Cross-Site Request Forgery

A typical Cross-Site Request Forgery (CSRF or XSRF) attack aims to perform an operation in a web application on behalf of a user without their explicit consent. In general, it doesn't directly steal the user's identity, but it exploits the user to carry out an action without their will. For example, it can lead the user to change their email address or password in their profile or even perform a money transfer.

In a nutshell, a typical CSRF attack happens as follows:

1. The attacker leads the user to perform an action, like visiting a web page, clicking a link, or similar.

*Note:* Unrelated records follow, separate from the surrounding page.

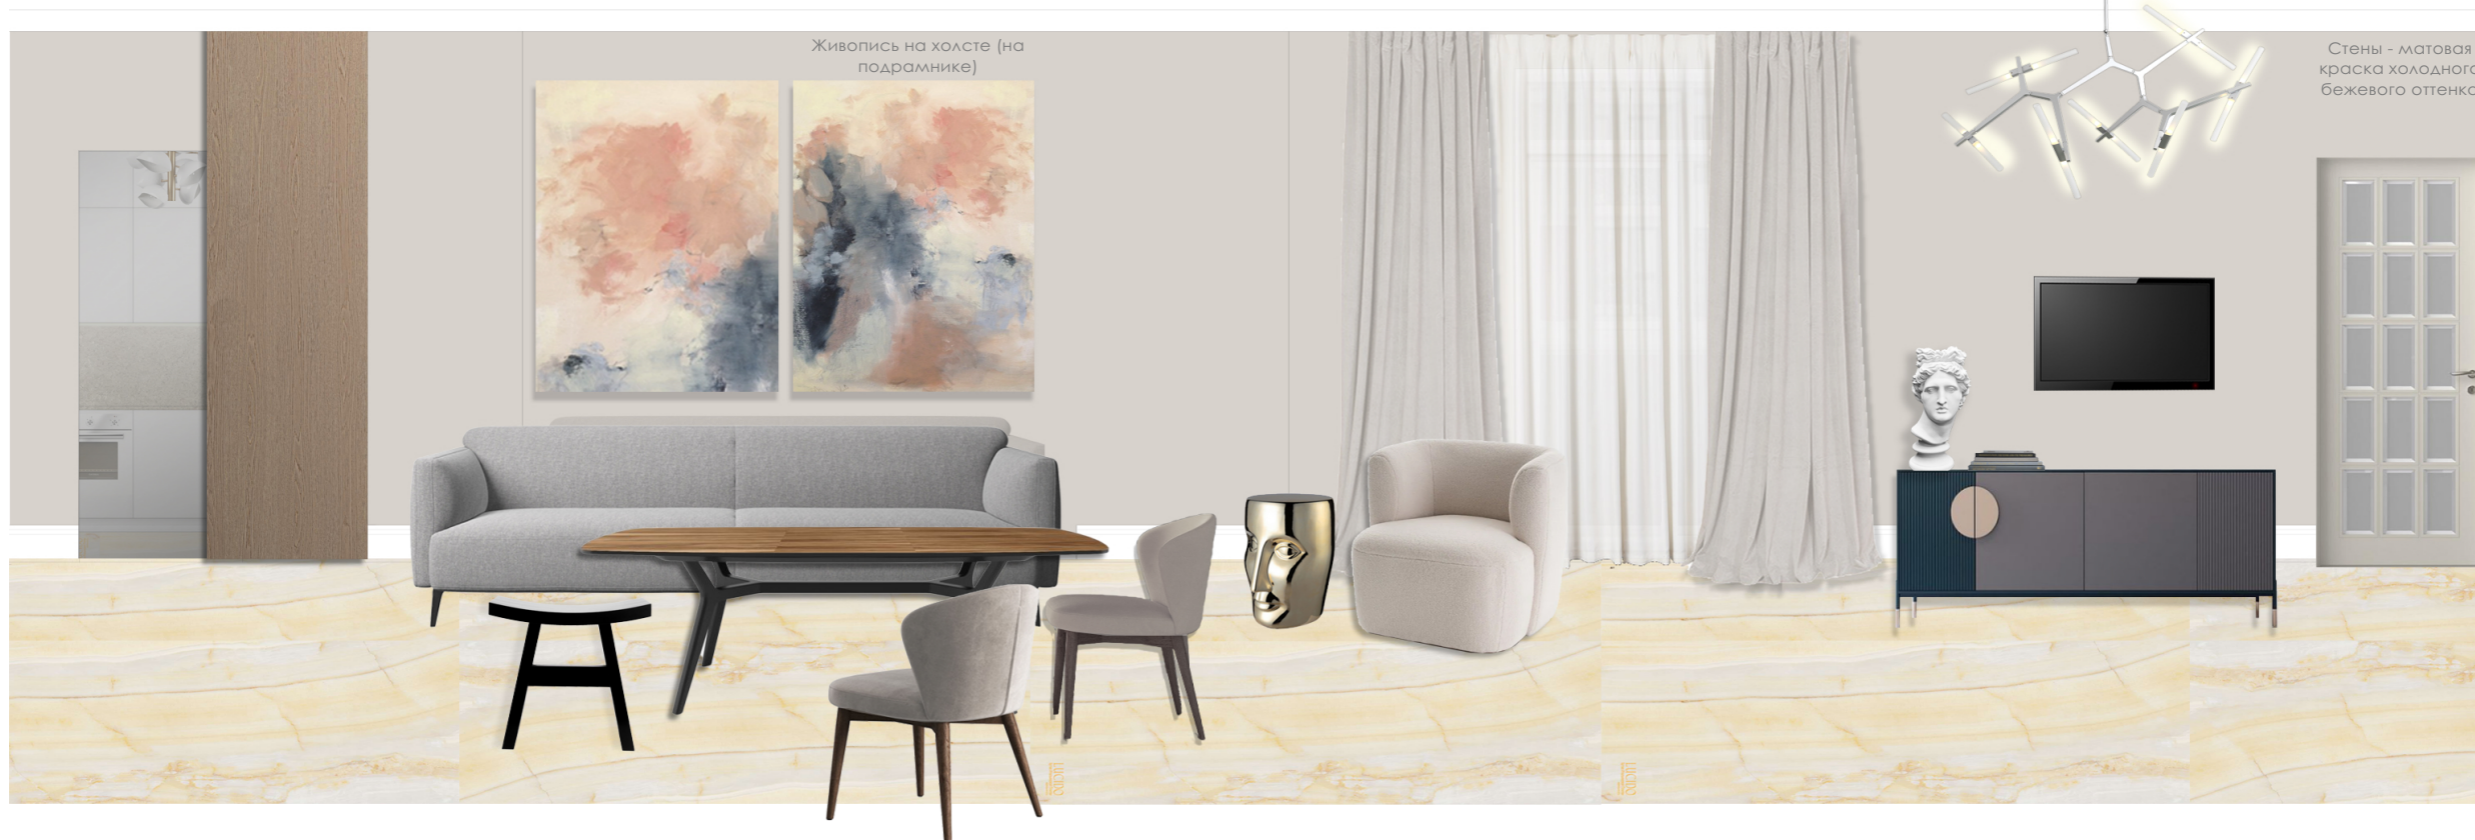

Инв. № подл.

Зеркало

Шкаф купе - фасад в цвет стен или белый

Стены - матовая краска холодного бежевого оттенка

Консоль из агата

Светильники на треке

Пилон - деревянная панель

Стены - матовая краска холодного бежевого оттенка

Фартук и венкороб - керамогранит

Раздвижная дверь на кухню со скрытым механизмом

Живопись на холсте (на подрамнике)

Стены - матовая краска холодного бежевого оттенка

Согласовано

Согласовано

Инв. № подл.

Заказчик	Данилова А.В.	Интерьерный коллаж. Кухня. Столовая.	Масштаб	Лист №
Архитектор	8(916)112-94-53			

Обои

Раздвижные двери матовое стекло молочного оттенка в серебристой раме

Зеркало

Декоративное реечное панно

Фасады гарнитура - эмаль в цвет стен.
Ручки шкафа - камень.

Стена в изголовье кровати - Мягкая панель.
Кожа/Экокожа/Матовый текстиль типа Рогожка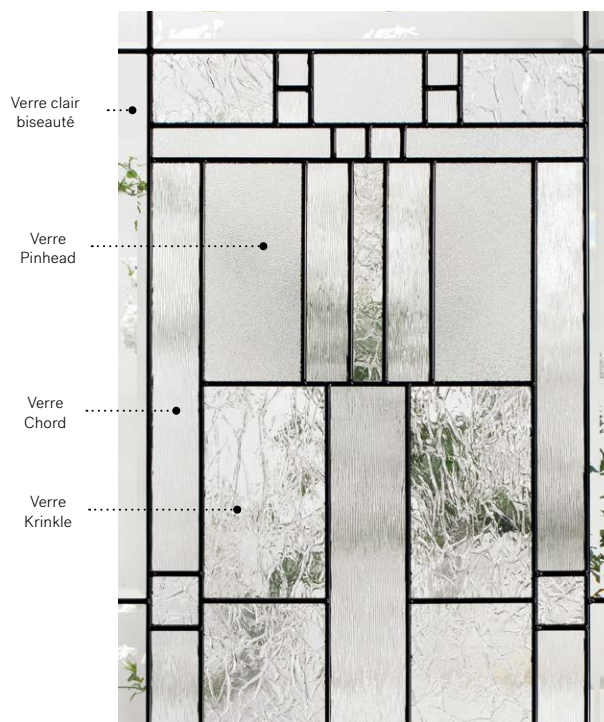

Cachet

Le vitrail Cachet pour
votre porte de garage.

Visitez garaga.com/cachet-fr
Détails à la p. 111.

Porte d'acier Orléans p.21. Fenêtre de porte Cachet 22"×48" p.67

Cachet

Inspiré de l'architecture de style Prairie, ce vitrail regroupe quatre verres sublimes aux textures variées. Cachet apportera une fière allure à votre demeure, en plus d'offrir un joli jeu de lumière à l'intérieur de votre entrée lors de journées ensoleillées.

Vitrail : Verre clair biseauté, verre Krinkle, verre Chord et verre Pinhead.

Baguettes : Zinc ou Patinées.

Cadres : Contemporain, NovaPVC ou Pré-finissable.

Impostes et latéraux : S'agence parfaitement au verre Pinhead. Modèle disponible sur mesure.

2. This action sends an HTTP request to a website on behalf of the user.

3. If the user has an active authenticated session on the trusted website, the request is processed as a legitimate request sent by the user.

As you can see, having the website affected by a CSRF vulnerability is not enough to make the attack successful. The user must also have an active session on the website.

CSRF Defenses Strategies

1. Making sure that the request you're receiving is valid, i.e., it comes from a form generated by the server.

2. Making sure that the request comes from a legitimate client.

The typical approach to validate requests is using a CSRF token, sometimes also called anti-CSRF token. A CSRF token is a value proving that you're sending a request from a form or a link generated by the server. In other words, when the server sends a form to the client, it attaches a unique random value (the CSRF token) to it that the client needs to send back. When the server receives the request from that form, it compares the received token value with the previously generated value. If they match, it assumes that the request is valid.